Wrote this a while back but forgot to post.

Background: Traveled the two weeks before Christmas. Husband and wife experienced European travelers, make all our own transport and lodging arrangements. Two nights in each location. Enjoy traveling in December because Christmas in Europe is enchanting with cheaper air and hotel rates. Travel light; one “carry-on” sized bag, one computer bag. We used medium “Space Bags” to compress clothing. They work great and cost $8 for two at Wal-Mart.

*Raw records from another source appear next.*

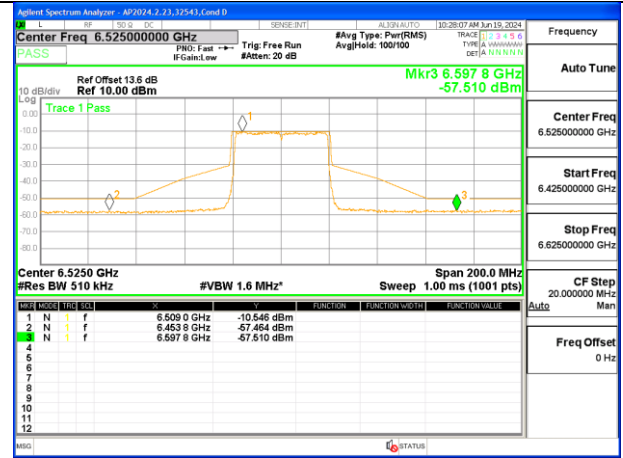

STRADDLE CHANNEL ANT 5 6525
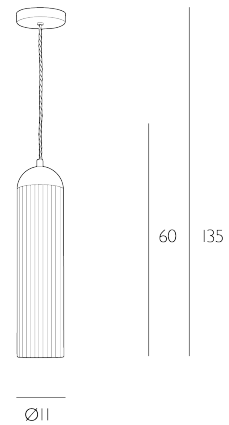

Height is adjustable at the point of installation (60-135cm).

Bulb not included; takes 1 x 25W max ES Tube. We recommend our BUL-E27-LED-25 bulb. [Click here to shop.](#)

Dimmable when paired with suitable bulbs.

## SPECIFICATIONS:

Product code:	ANO0140
Measurements:	H min60 - max135 x Ø11 cm
Lamp Replaceable:	Yes
Finish:	Brushed Brass & Ribbed Glass
Material:	Glass & Solid Brass
Cable Colour:	Braided Ivory
Shade Included:	Not Required
Primary Bulb Detail:	1 x 25w max ES Tube
Bulb Included:	Lamp not included
Recommended Lamp:	BUL-E27-LED-25
Suitable:	Indoor
Electrical Class:	Class I - Earthed
Nett Weight (kg):	0.5 kg

### ***Additional Information:***

Solid Brass Metalwork | Lamp not included. We recommend our BUL-E27-LED-25 bulb | Height is adjustable at the point of installation (60-135cm)
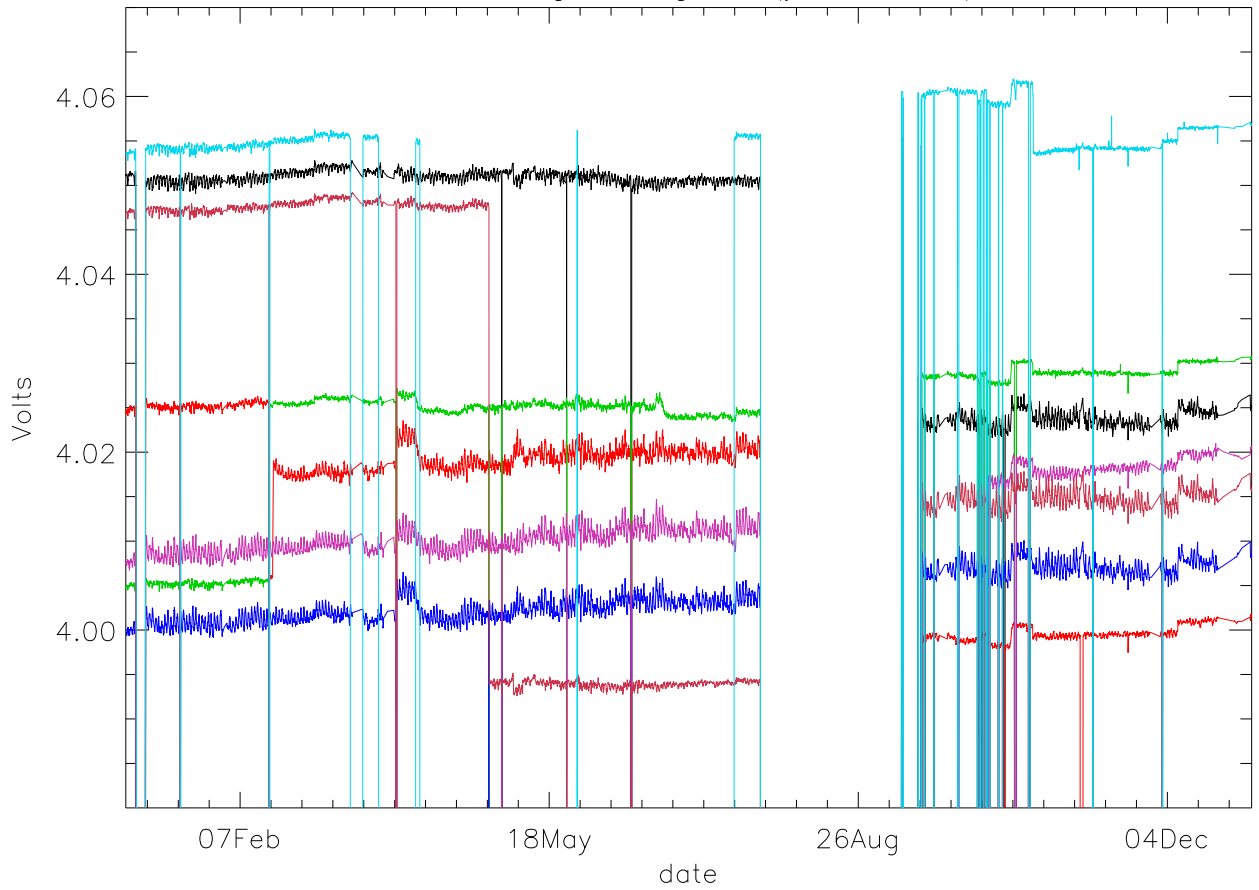

Vd:Drain Voltage. stage 1 (year 2011) PoIA

bm0 bm1 bm2 bm3 bm4 bm5 bm6

Vd:Drain Voltage. stage 1 (year 2011) PoIB

Vd:Drain Voltage. stage 2 (year 2011) PoIA

bm0 bm1 bm2 bm3 bm4 bm5 bm6

Vd:Drain Voltage. stage 2 (year 2011) PoIB

Rail travel: Booked all train tickets online; Brussels to Bruges, Bruges to Ghent, Ghent to Antwerp (all through SNBC Belgian Rail site), Antwerp to Amsterdam (Thalys), Amsterdam to Cologne (NL HiSpeed), Cologne to Brussels (Thalys). Thalys and NL Hispeed booked 60 days out, Belgian Rail only allows booking within 30 days. Efficient, clean, and comfortable. Booked 2nd class tickets for all trips, glad I booked in advance to get reserved seats because fast, Intercity trains were completely full. Belgian Rail strike (22 Dec) was almost catastrophic, but luckily traveled on the 23rd so missed it.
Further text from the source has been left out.